Sürur ÖZTÜRK

EZBER BOZAN

Operasyon tıkır tıkır işliyor...



Siyasî gelişmeleri, dünya genelindeki değişiklikleri göz önüne alarak değerlendirmezsek yanılırız. Türkiye-İsrail ilişkilerinin geldiği aşama bizi şaşırtır ve “neler oluyor?!” diye sormaya başlarız. Oysa, yaşanan son gelişmeler hiç de sürpriz değil. Böyle olacağı günler, aylar öncesinden değil, en azından birkaç yıldan beri biliniyordu…

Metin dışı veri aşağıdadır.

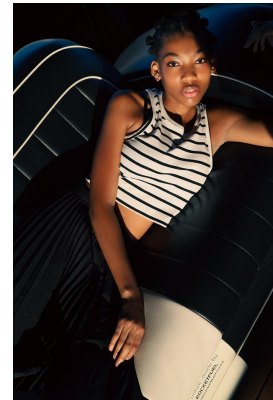

BOSS MODELS

JOHANNESBURG

ATLEGANG MAMABOLO

Height: 180cm Bust: 84cm Waist: 65cm Hips: 87cm Shoe: 8 UK Hair: Black Eyes: Dark Brown

BOSS MODELS

JOHANNESBURG

ATLEGANG MAMABOLO

Height: 180cm Bust: 84cm Waist: 65cm Hips: 87cm Shoe: 8 UK Hair: Black Eyes: Dark Brown
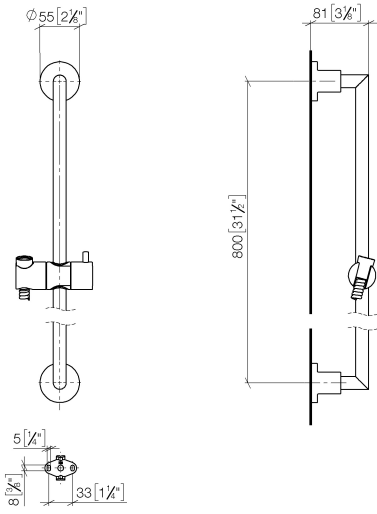

ST 050 203 1892

- slide bar
- Pipe diameter 18 mm
- rosettes Ø 55 mm
- gauge 800 mm
- metal shower hose 1750mm with integrated anti-twist protection
- shower hose connector 3/8"
- Three or five settings: COMPACT RAIN, COMPACT SOFT FLOW, COMPACT AQUAPRESSURE FLOW, max. flow rate 15 l/min (at 3 bar)
- Function from: 7 l/min
- spray head Ø 100mm

### Spare parts list

No.	Item Number	Name	Quantity used	Delivery time
1	09 23 01 039 90	sieve	1	2

ST 050 203 1892

- slide bar
- Pipe diameter 18 mm
- rosettes Ø 55 mm
- gauge 800 mm
- metal shower hose 1750mm with integrated anti-twist protection
- shower hose connector 3/8"

## TARA Shower set - Brushed Champagne (22kt Gold)

---

TARA

ST 050 203 1892

ST 050 203 1892

mm [inches]

ST 050 203 1892

Parts for other finishes can be found here: [Chrome](#)

**Spare parts list**

No.	Item Number	Name	Quantity used	Delivery time
1	05 17 20 739 00 90	fixing set	2	2
2	09 30 30 071 90	screw	2	2
3	09 30 11 046 90	disc	2	2
4	08 17 89 505-46	holder	2	30
5	04 31 11 113 00 90	pin	2	2
6	05 28 22 590 00-46	bar	1	30
7	12 580 970-46	Slide unit - Brushed Champagne (22kt Gold)	1	30
8	28 322 970-46	Metal shower hose 1/2" x 3/8" x 1750 mm - Brushed Champagne (22kt Gold)	1	30
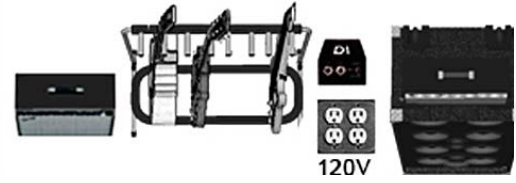

Jodi Dunlop

Lead Guitar

Stefanie Blondal

Bass

Technical Rider and Input list

- 4 Piece drum kit including kick, snare, rack tom, floor tom, hi hats, ride cymbal and crash cymbals
- 1 Ampeg SVT 4X10 Bass rig or equivalent with DI out
- 2 Fender Hot Rod Deluxe guitar amps or equivalent

- 1 mono DI for synthesizer through loop pedal out
- 2 downstage Beta 58 vocal mics or equivalent with boom stands
- Lead vocals to be run through Boss VE-20 vocal pedal
- 1 side fill drum monitor
- Minimum 4 on stage

- wedges
- Minimum 8 downstage AC outlets for synthesizer and guitar and vocal effects
- Minimum 4 upstage AC outlets for amplifiers
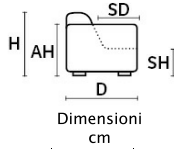

EVA

EVA

EVA

Dimensioni cm
D 97 | H 103 | AH 63 | SH 46 | SD 60

TECHNICAL DESCRIPTION

| | | | |
|-----------------------|--|-------------------|--|
| THICK STITCH: | Available as option | BATTERY PACK: | Available as option |
| STRUCTURE: | Hardwood frame for extra strenght | USB CHARGER: | Available as option for the Version with arm |
| SEAT/BACK SUSPENSION: | Reinforced elastic webbing | TRAY: | Wooden matt black finishing, upon request on console |
| SEAT/BACK CUSHIONS: | Ecologic open cell polyurethane foam covered with a layer of dacron wadding | FOOT OPTION # 1 : | Stainless steel Sled |
| MECHANISMS: | Each seat has two separate motors, one for the headrest and one for the footrest | FOOT OPTION # 2 : | Metal feet bronze finish Sled |

Gerçekte ne olup bittiğini anlamak için, dünya dengelerindeki değişiklikleri masaya yatırmak gerekir. Olup bitenlerin analizini şöyle yapabiliriz:

Daha önce, “Merkez sağın yeni lideri kim olacak? / Yeni Dünya Düzeni: Türkiye-ABD-Rusya İttifakı” başlıklı yazımda da kaydettiğim gibi, yeni dünya düzeni, Türkiye, Amerika ve Rusya’dan oluşan üçlü bir ittifakla kuruluyor.

Bir de, bu ittifakın karşısında yer alan ve bu ittifakı bozup dağıtmak isteyen bir “karşı ittifak” var. George Bush iktidarının ilk döneminde yönetimi ele geçirip de daha sonra yönetimden birer birer tasfiye edilen ve kendilerine neo-conservatives; kısaca “neo-con” (yeni muhafazakârlar) diyen grup, bu karşı cephede yer alıyor. Dick Cheney gibi adamlar yani… Başta İngiltere olmak üzere, bazı Avrupa ülkeleri ve İsrail’in bir kısmı da bu karşı cephe içerisinde.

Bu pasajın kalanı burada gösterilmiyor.